◆ Stored data
------------------------------------
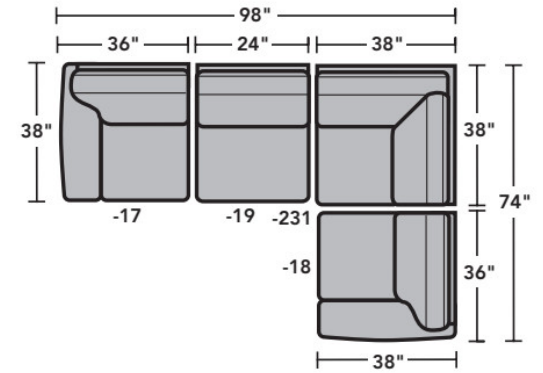

- Standard
- Optional

**PRODUCT DIMENSIONS**

	OVERALL			SEAT			Arm Height
	Height	Width	Depth	Height	Width	Depth	
<b>LAF Chair</b> -17	35"	36"	38"	21"	25"	22"	25"
<b>RAF Chair</b> -18	35"	36"	38"	21"	25"	22"	25"
<b>Armless Chair</b> -19	35"	24"	38"	21"	24"	22"	
<b>Full Wedge</b> -23	35"	67"	39"	21"	42"	25"	
<b>Corner Chair</b> -231	35"	38"	38"	21"	22"	22"	
<b>LAF Chaise</b> -25	35"	38"	68"	21"	28"	52"	25"
<b>RAF Chaise</b> -26	35"	38"	68"	21"	28"	52"	25"
<b>LAF Loveseat</b> -27	35"	60"	38"	21"	49"	22"	25"
<b>RAF Loveseat</b> -28	35"	60"	38"	21"	49"	22"	25"
<b>Armless Loveseat</b> -29	35"	64"	38"	21"	64"	22"	
<b>LAF Corner Sofa</b> -33	35"	100"	38"	21"	72"	22"	25"
<b>RAF Corner Sofa</b> -34	35"	100"	38"	21"	72"	22"	25"
<b>LAF Sofa</b> -37	35"	85"	38"	21"	74"	22"	25"
<b>RAF Sofa</b> -38	35"	85"	38"	21"	74"	22"	25"
<b>RAF Angled Chaise</b> -265	35"	67"	50"	21"	47"	35"	25"
<b>LAF Angled Chaise</b> -255	35"	67"	50"	21"	47"	35"	25"

-29  
Armless Loveseat

-23  
Full Wedge

-231  
Corner Chair

-19  
Armless Chair

-255  
LAF Angled Chaise

-265  
RAF Angled Chaise

-25  
LAF Chaise

-26  
RAF Chaise

-17  
LAF Chair

-18  
RAF Chair

Scale 1/4"=1'

Dimensions are in inches and are subject to variance.  
© Flexsteel Industries, Inc. 11/2023  
FLX-CP-FS-CC-3305

FLEXSTEEL®

## Sample Configurations

Scale 1/4"=1'

Dimensions are in inches and are subject to variance.  
© Flexsteel Industries, Inc. 11/2023  
FLX-CP-FS-CC-3305

FLEXSTEEL®
------------------------------------
◆ What is expected
Please return every line of the records that contains the word "Corner".

◆ Completed exercise
<b>Corner Chair</b> -231	35"	38"	38"	21"	22"	22"	
<b>LAF Corner Sofa</b> -33	35"	100"	38"	21"	72"	22"	25"
<b>RAF Corner Sofa</b> -34	35"	100"	38"	21"	72"	22"	25"
Corner Chair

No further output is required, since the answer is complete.